Classes, as fundamental elements of Computer Vision, have been extensively studied within incremental learning frameworks. In contrast, tokens, which play essential roles in many research fields, exhibit similar characteristics of growth, yet investigations into their incremental learning remain significantly scarce. This research gap primarily stems from the holistic nature of tokens in language, which imposes significant challenges on the design of incremental learning frameworks for them. To overcome this obstacle, in this work, we turn to a type of token, gene, for a large-scale biological dataset--single-cell transcriptomics--to formulate a pipeline for gene incremental learning and establish corresponding evaluations. We found that the forgetting problem also exists in gene incremental learning, thus we adapted existing class incremental learning methods to mitigate the forgetting of genes. Through extensive experiments, we demonstrated the soundness of our framework design and evaluations, as well as the effectiveness of our method adaptations. Finally, we provide a complete benchmark for gene incremental learning in single-cell transcriptomics.

Paper Structure

This paper contains 14 sections, 10 equations, 3 figures, 4 tables.

Figures (3)

  • Figure 1: Illustrations of (a) Class Incremental Learning (CIL) framework and (b) our proposed Gene Incremental Learning (GIL) framework. In CIL, the given classes are exclusive at each stage, and classification accuracy is tested across all previously seen classes.
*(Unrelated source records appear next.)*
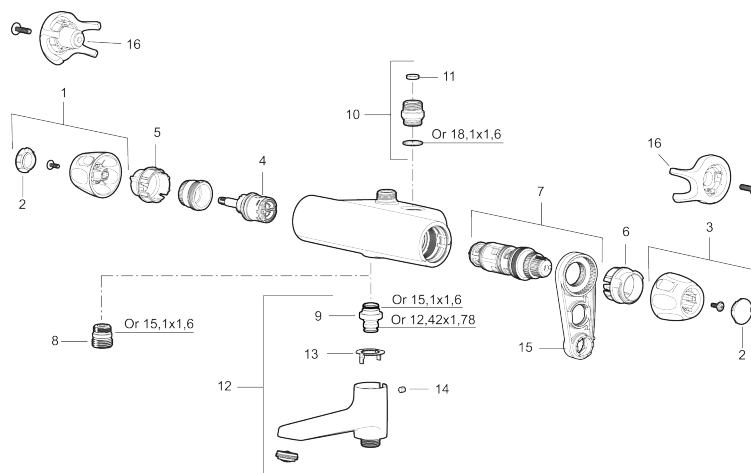

Artikel-nummer: 86850003 **VVS:** 722816114 **Flow 3 bar:** 12,2 l/m
Beskrivelse: Børstet krom, 40 c/c, indløb ned

Unikke egenskaber

Tilbageløbssikring 

- Unik tryk- og temperaturstyring.
- ½ ned.
- Keramisk lukning.
- Kontraventiler.
- Skoldningssikring v/38°C.
- Eco stop.
- Lead Free (blyfri).
- Snavsfilter rundt om reguleringsindsatsen.
- Lydklasse 1.
- **10 års funktionsgaranti.**

PRODUKTBEKRIVELSE

Termostatarmatur 9000XE

9000XE brusearmatur i krom er efterfølgeren til et af vores bedst sælgende armaturer. Designet er lige så sofistikeret som forgængerens, men er blevet opgraderet med dobbelte kontraventiler, hurtigere temperaturregulering, lavere vægt og lydæmpende funktioner. Produktet kan suppleres med badekarstud.

Artikel-nummer: 86850003 VVS: 722816114

Reservedelsliste

NR.	FMM-NR	VVS	BESKRIVELSE
1	S600083		Greb til lukning og regulering af vandmængde, krom
1	S600083.75		Greb til lukning og regulering af vandmængde, børstet krom
2	S600116		Dæksel, krom
2	S600116.75		Dæksel, børstet krom
3	S600082		Greb til regulering af temperaturen, krom
3	S600082.75		Greb til regulering af temperaturen, børstet krom
4	S600020		Keramisk topstykke, inkl. serviceværktøj (brusearmatur)
4	S600269	745136020	Keramisk topstykke, uden serviceværktøj (brusearmatur)
4	S600021		Keramisk topstykke, inkl. serviceværktøj (badekararmatur)
4	S600270	745136021	Keramisk topstykke, uden serviceværktøj (badekararmatur)
5	S600086		Stopring, standard
6	S600087		Skoldningssikringsring
6	S600026		Skoldningssikringsring, (max 42°)
7	S600084		Termostatindsats inkl. serviceværktøj
7	S600271	745136000	Termostatindsats, uden værktøj
8	S600088		Nippel M18x1-G1/2 (brusearmatur)
9	39754000	745136419	Nippel M18x1 m. o-ring (kararmatur)

In GIL, $b_i, i=1,2,3,\ldots$ denote the base tokens given in every stage, while $T^{s_i}=\{t^{s_i}\}$ represents the set of specific tokens to be learned in stage $i$. For evaluation, regression refers to the token-wise regression loss, and $T^{s_i}$-based classification denotes performing the classification on the specific downstream dataset where the token set $T^{s_i}$ is crucial.
  • Figure 2: Illustrations of baseline methods for GIL in stage $k$, where we use $k=2$ as an example, and the samples from stage 2 are in yellow background. (a) The baseline shows the masked token prediction loss formulated in Eq. \ref{['eq:tran_objective']}. init denotes that the current model $\phi_{s_2}$ is initialized by the previous optimal model $\phi^*_{s_1}$ (b) Data Replay shows that some previous samples (with a green background) are maintained for training in the current stage. (c) Token Distillation shows how the previous optimal model distills knowledge through base token regression, which is formulated in Eq. \ref{['eq:distillation']}.
  • Figure 3: Test Accuracy (%) for the 3-stage GIL setting (ICol-Myel-Panc) on the corresponding downstream classification datasets. The crucial genes for the last dataset Panc only learned in the last stage, thus there is no forgetting problem and we omit the results for Panc here.